* PROBLEM *
For the word "Peaks", report how many lines of the records below contain it, and nothing more.

* DATASET ENTRIES *
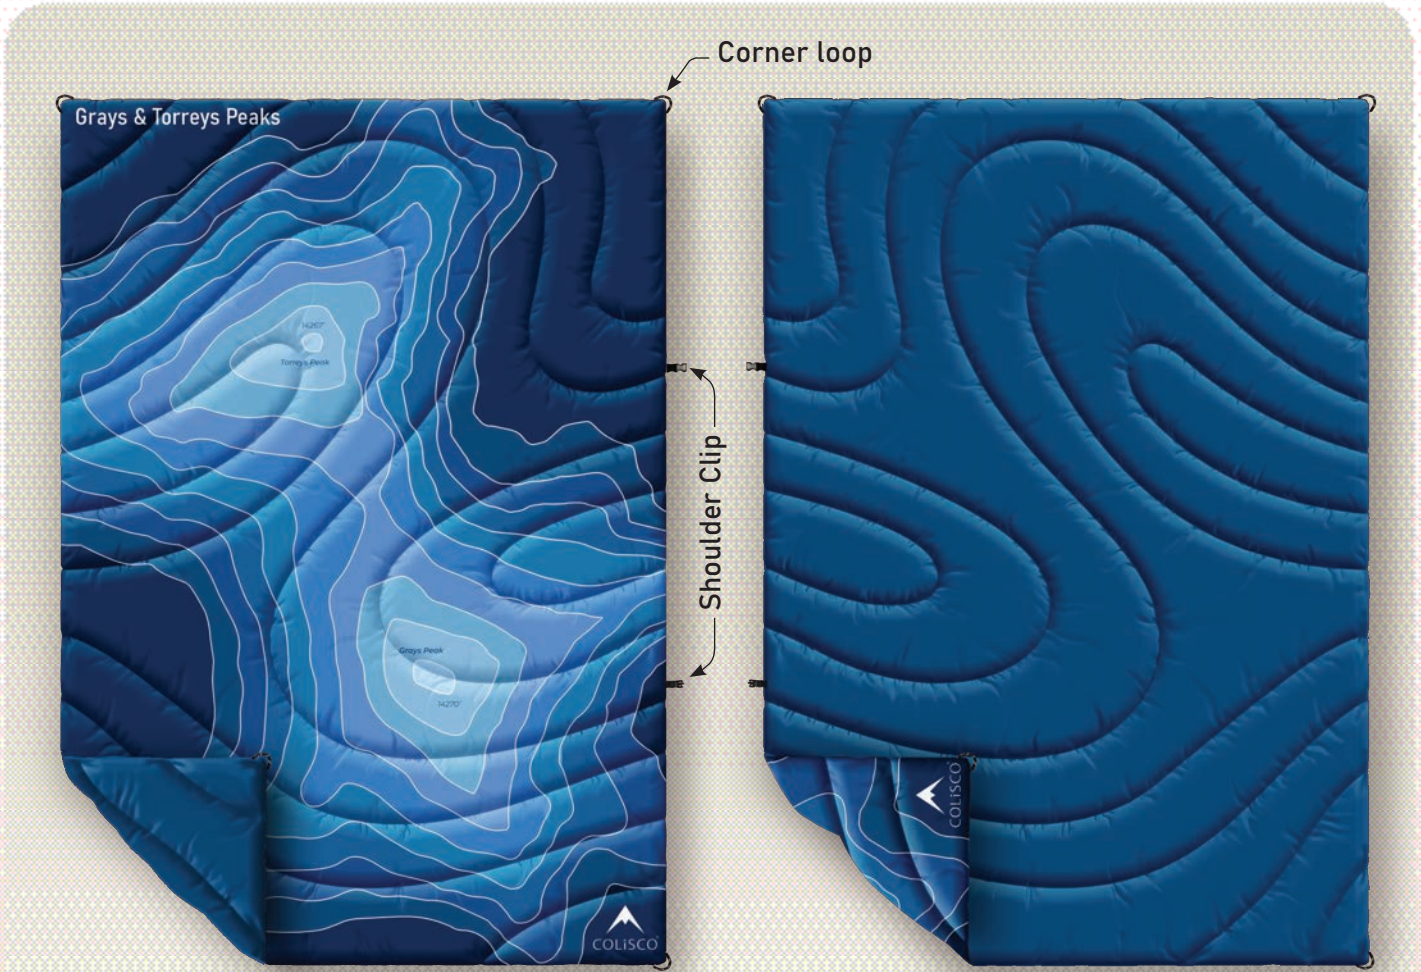

C14ES

WHLS: \$42.50
MSRP: \$85.00

Grays & Torreys Peaks

52" x 75" (132 cm x 191 cm)
2.4 lbs

CTP

WHLS: \$43.50
MSRP: \$86.00

Grays & Torreys Peaks Sherpa

52" x 75" (132 cm x 191 cm)
2.4 lbs

* EXERCISE OUTPUT *
2